Printer authentication

Some printers require credentials before they will accept a job. The Settings tab lets you store an optional login name, password, and user code (an account or department code some printers require). These are sent with each print job. Leave them blank if your printer does not require them.

Printer driver

If a printer is running a generic driverless driver, a Printer Driver card appears on the Settings tab. It shows the make and model, whether a vendor driver is installed, and whether authentication options are available. You can upload a manufacturer PPD file (a printer description file) to improve compatibility and enable full feature support.

The print job queue and statuses

Every file sent to print becomes a print job. A job records the file name and size, page count, number of copies, color mode, the per-page price, the total amount, its payment status, and its current status. You can view jobs per printer on the printer's History tab, and members see their own print history on their side of the platform.

Each job moves through a defined set of statuses:

  • Pending Payment. The job is waiting on payment before it can be printed. This applies to guest jobs that have not been paid for yet.
  • In Queue. The job has been accepted and is queued for printing.
  • Printing. The job is actively printing.
  • Completed. The job finished printing.
  • Failed. The job could not be printed. A reason is recorded, for example that the print server was unreachable or not configured, or an error returned by the server.
  • Cancelled. The job was cancelled.

After a job is submitted to the print server, Deskie polls the server for its status every few seconds and updates the job until it reaches a final state of completed, failed, or cancelled. Polling stops once a job reaches one of those states or after a few minutes have passed.

A job can be cancelled by the member who created it or by an admin, but only while it is still pending or in queue. Cancelling marks the job cancelled, waives any charge, and removes the uploaded file.
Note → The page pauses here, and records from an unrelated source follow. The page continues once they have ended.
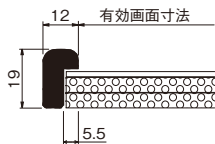

注文品番			本体価格 (税込価格)	フレーム外寸法 W×H×D(mm)	重量 (kg)	JAN
品番	カラー	サイズ				
B013	G	B5	¥2,800 (¥3,080)	196×271×19	0.4	212806
B013	G	A4	¥3,200 (¥3,520)	224×311×19	0.4	212769
B013	G	B4	¥4,000 (¥4,400)	271×378×19	0.5	212790
B013	G	A3	¥4,500 (¥4,950)	311×434×19	0.6	212752
B013	G	B3	¥5,900 (¥6,490)	378×529×19	0.8	212783
B013	G	A2	¥6,500 (¥7,150)	434×608×19	1.0	212745
B013	G	B2	¥8,600 (¥9,460)	529×742×19	1.3	212776

ホワイト  
(W)

ベージュ  
(BE)

注文品番			本体価格 (税込価格)	フレーム外寸法 W×H×D(mm)	重量 (kg)	JAN
品番	カラー	サイズ				
B013	W	B5	¥2,800 (¥3,080)	196×271×19	0.4	213018
B013	W	A4	¥3,200 (¥3,520)	224×311×19	0.4	212974
B013	W	B4	¥4,000 (¥4,400)	271×378×19	0.5	213001
B013	W	A3	¥4,500 (¥4,950)	311×434×19	0.6	212967
B013	W	B3	¥5,900 (¥6,490)	378×529×19	0.8	212998
B013	W	A2	¥6,500 (¥7,150)	434×608×19	1.0	212950
B013	W	B2	¥8,600 (¥9,460)	529×742×19	1.3	212981

注文品番			本体価格 (税込価格)	フレーム外寸法 W×H×D(mm)	重量 (kg)	JAN
品番	カラー	サイズ				
B013	BE	B5	¥2,800 (¥3,080)	196×271×19	0.4	212738
B013	BE	A4	¥3,200 (¥3,520)	224×311×19	0.4	212691
B013	BE	B4	¥4,000 (¥4,400)	271×378×19	0.5	212721
B013	BE	A3	¥4,500 (¥4,950)	311×434×19	0.6	212684
B013	BE	B3	¥5,900 (¥6,490)	378×529×19	0.8	212714
B013	BE	A2	¥6,500 (¥7,150)	434×608×19	1.0	212677
B013	BE	B2	¥8,600 (¥9,460)	529×742×19	1.3	212707

仕様

フレーム：ステン・ゴールド・ホワイト：アルミ  
ベージュ・ローズ：アルミにシート貼り  
透明板：1.5mmアクリル  
厚み調整：ボール紙 / 4mmハッポー  
裏板：5mmハッポー  
付属品：ひも

規格サイズのみとなります

吊り金具

裏板押さえ

■サイズについて

サイズ	G 寸法 用紙寸法 W×H(mm)	有効画面寸法 W×H(mm)
B5	182×257	172×247
A4	210×297	200×287
B4	257×364	247×354
A3	297×420	287×410
B3	364×515	354×505
A2	420×594	410×584
B2	515×728	505×718

Pricing and how members and guests are charged

Pricing is configured per printer on its Pricing tab, with separate settings for members and guests. For each audience you control whether they are allowed to use the printer and what they are charged.

Per-page rates

Each printer can have separate per-page rates for black and white and for color, set independently for members and for guests. The price charged for a job is the per-page rate for the chosen color mode multiplied by the page count and the number of copies. If a rate is left unset, Deskie falls back to a default of $0.10 per page for black and white and $0.25 per page for color.

Member and guest access

You can turn member printing and guest printing on or off independently for each printer. If a printer does not allow members, a member's job is rejected, and the same applies to guests when guest printing is off.

How members are billed

When a member prints, the job goes straight into the queue and is submitted to the print server immediately. The charge is added to the member's invoice rather than collected at the moment of printing. Print charges are rolled into the member's regular invoicing. If the member belongs to a team, the charge is routed to the team's billing target so it lands on the team's invoice. To understand how these charges flow into invoices, see member activity and billing and invoices.

How guests are billed

When someone without a member profile prints, the job is created as pending and must be paid for before it prints. Deskie creates an invoice for the pending jobs and collects payment immediately. Once payment succeeds, the jobs move into the queue and are submitted to the print server. Guest payments are processed through Stripe, so your workspace needs Stripe connected. See connecting Stripe.

Guest minimum charge

Because card processing has a per-transaction cost, you can set a minimum charge for guests on each printer. If a guest's calculated total comes out below the minimum, the minimum is charged instead. Stripe charges a percentage plus a flat fee per transaction, so a minimum of around a dollar or more is sensible to keep small print jobs from costing you money. The minimum charge applies only to guests, not to members.